*** Data extracts ***
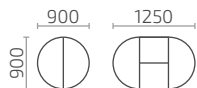

Ларго 2

Ларго М

Альт К 900

Альт К 1100

Мартеле К 900

Мартеле К 1100

Мартеле К 950

Д.: 950 (1300) мм
Ш.: 950 мм
В.: 760 мм

Мартеле 2 вкладыша

Д.: 1300 (1700,2100) мм
Ш.: 1000 мм
В.: 760 мм

Мартеле 3 вкладыша

Д.: 1300 (1630, 1960, 2290) мм
Ш.: 1000 мм
В.: 760 мм

ножка 1 ножка 2 ножка 3 ножка 4 ножка 5

Любой стол серии Мартеле по желанию заказчика, может быть укомплектован 1 из 5 ножек.

Мартеле О 1200

Д.: 1200 (1500) мм
Ш.: 800 мм
В.: 760 мм

Мартеле 0

Мартеле 0 1500 ДУБ

Мартеле П 1200

Ильинта
мебель

Столы с камнем

Форте К 900 с камнем

Д.: 900 (1250) мм
Ш.: 900 мм
В.: 760 мм

Форте К 1100 с камнем

Д.: 1100 (1400) мм
Ш.: 1100 мм
В.: 760 мм

Форте МО с камнем

Д.: 1050 (1350) мм
Ш.: 700 мм
В.: 760 мм

Форте МП с камнем

Д.: 850 (1150) мм
Ш.: 600 мм
В.: 760 мм
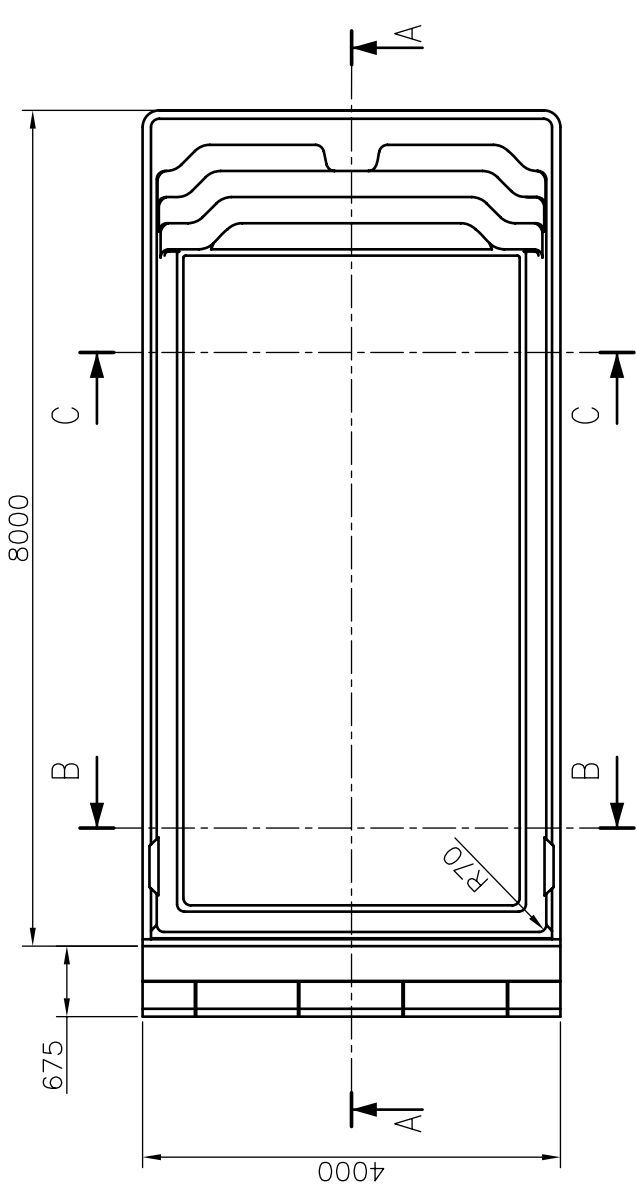

10
9
8
7
6
5
4
3
2
1

SC 80+

B-B

A-A

C-C

STARLINE
MONOBLOCK
SCHAAAL 1:50 01-D1270-00 (1/1)
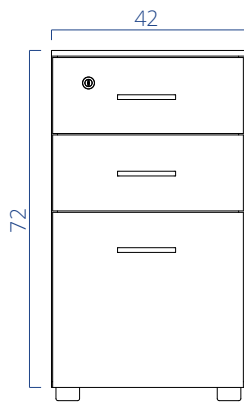

## Masa (Desk)

A01BS122 Swan Masa/Table

Genişlik/Width	Derinlik/Depth	Yükseklik/Height
120 cm	75 cm	74 cm
140 cm	75 cm	74 cm
160 cm	75 cm	74 cm
180 cm	75 cm	74 cm
200 cm	75 cm	74 cm

## Etajer (Side Office)

A04KS071 Keson/Side Office

Genişlik/Width	Derinlik/Depth	Yükseklik/Height
42 cm	43 cm	72 cm

## Sehpa (Coffee Table)

A05BS081 Swan Sehpa/Coffee Table

Genişlik/Width	Derinlik/Depth	Yükseklik/Height
80 cm	45 cm	45 cm

\*Ölçüler cm cinsinden verilmiştir.

\*The measurements are given in centimeters.
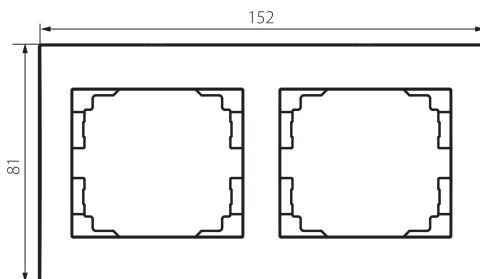

25295 LOGI 02-1470-041 gr

Ramka podwójna pozioma

5905339252951

DANE OGÓLNE:

Kolor: grafitowy

Szerokość [mm]: 152

Wysokość [mm]: 81

DANE TECHNICZNE:

Tworzywo: ABS

DANE LOGISTYCZNE:

Jednostka miary: sztuka

Jak pakowane: 10

Ilość sztuk w opakowaniu pośrednim: 10

Ilość sztuk w opakowaniu zbiorczym: 120

Masa jednostkowa netto [g]: 22

Gramatura [g]: 33.58

Waga sztuki brutto [g]: 29

Długość opakowania jednostkowego [cm]: 10

Szerokość opakowania jednostkowego [cm]: 1.5

Wysokość opakowania jednostkowego [cm]: 22

Waga kartonu [kg]: 4.0296

Szerokość kartonu [cm]: 18

Wysokość kartonu [cm]: 42

Długość kartonu [cm]: 37.5

Objętość kartonu [m³]: 0.02835

INFORMACJE DODATKOWE:

- Atest PZH: Numer B.BK.60112.0276.2022, ważny do 2027-11-08
*** End of Data extracts ***
Which lines above contain the word "jednostkowego"? Copy all of them.

[Reply to the task]:
Długość opakowania jednostkowego [cm]: 10
Szerokość opakowania jednostkowego [cm]: 1.5
Wysokość opakowania jednostkowego [cm]: 22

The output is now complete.